▸ **What to produce**
Leaving out every picture, copy the lines of the data exactly, from the first through the line containing "PASSAT B3/B4 Variant".

** Opening Extracted information block **

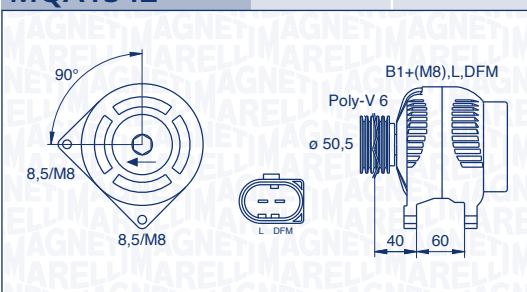

**MAGNETI
MARELLI**

PARTS & SERVICES

kW

MQA1541

14 V

120 A

SKODA

SUPERB I (3U4)	1.9 TDI	AWX, AVF	96	12/01 → 03/08	5M
		AVB	74	08/02 → 10/05	5M

VOLKSWAGEN

PASSAT B3/B4 (3A2, 35I)	1.9 TDI	AFN	81	03/96 → 08/96	OE: 028903018K	5M
PASSAT B3/B4 Variant (3A5, 35I)	1.9 TDI	AFN	81	03/96 → 05/97	OE: 028903018K	5M
PASSAT B5 (3B2)	1.9 TDI	AHH	66	10/96 → 11/00	OE: 028903018K	5M
		AFN, AVG	81	10/96 → 11/00	OE: 028903018K	5M
		AJM, ATJ	85	08/98 → 11/00	OE: 028903018K	5M
		AVB	74	02/00 → 11/00	OE: 028903018K	5M M
PASSAT B5 Variant (3B5)	1.9 TDI	AFN, AVG	81	06/97 → 08/00	OE: 028903018K	5M
		AHH	66	06/97 → 11/00	OE: 028903018K	5M
		AFN, AVG	81	06/97 → 11/00	OE: 028903018K	5M
		AFN, AJM, ATJ	85	08/98 → 11/00	OE: 028903018K	5M
PASSAT B5.5 (3B3)	1.9 TDI	AVB	74	11/00 → 05/05	OE: 028903018K	5M M
		AVF, AWX	96	11/00 → 05/05	OE: 028903018K	5M M
	1.9 TDI 4motion	AVF	96	11/00 → 05/05	OE: 028903018K	6M M
	2.0 TDI	BGW	100	12/03 → 05/05	OE: 028903018K	6M M
PASSAT B5.5 Variant (3B6)	1.9 TDI	AVB	74	11/00 → 05/05	OE: 028903018K	5M M
		AVF, AWX	96	11/00 → 05/05	OE: 028903018K	5M M
	1.9 TDI 4motion	AVF	96	11/00 → 05/05	OE: 028903018K	6M M
	2.0 TDI	BGW	100	12/03 → 05/05	OE: 028903018K	6M M

MQA1542

14 V

90 A

PEUGEOT

206 Hatchback (2A/C)	1.6 16V	NFU (TU5JP4)	79	06/01 → 04/09	→ 02/09	5M	☀	☔

SEAT

ALHAMBRA (7V8, 7V9)	2.0 i	n/a	85	04/96 → 03/10	03/99 →	5M
	1.0	AER, ALD, ALL, ANV, AUC	37	05/97 → 06/04		5M
AROSA (6H1)	1.4	AKK, ANW, AUD	44	05/97 → 06/04	01/99 →	5M
	1.4 16V	AFK, AQQ, AUB	74	01/00 → 06/04		5M
CORDOBA (6K1, 6K2)	1.4 16V	APE	55	05/00 → 10/02	→ 08/12	5M
CORDOBA (6L2)	1.4 16V	BBY, BKY	55	09/02 → 12/07		5M
		BBZ	74	10/02 → 11/09		5M

** Closing Extracted information block **

▸ **Response**
**MAGNETI
MARELLI**

PARTS & SERVICES

kW

MQA1541

14 V

120 A

SKODA

SUPERB I (3U4)	1.9 TDI	AWX, AVF	96	12/01 → 03/08	5M
		AVB	74	08/02 → 10/05	5M

VOLKSWAGEN

PASSAT B3/B4 (3A2, 35I)	1.9 TDI	AFN	81	03/96 → 08/96	OE: 028903018K	5M
PASSAT B3/B4 Variant (3A5, 35I)	1.9 TDI	AFN	81	03/96 → 05/97	OE: 028903018K	5M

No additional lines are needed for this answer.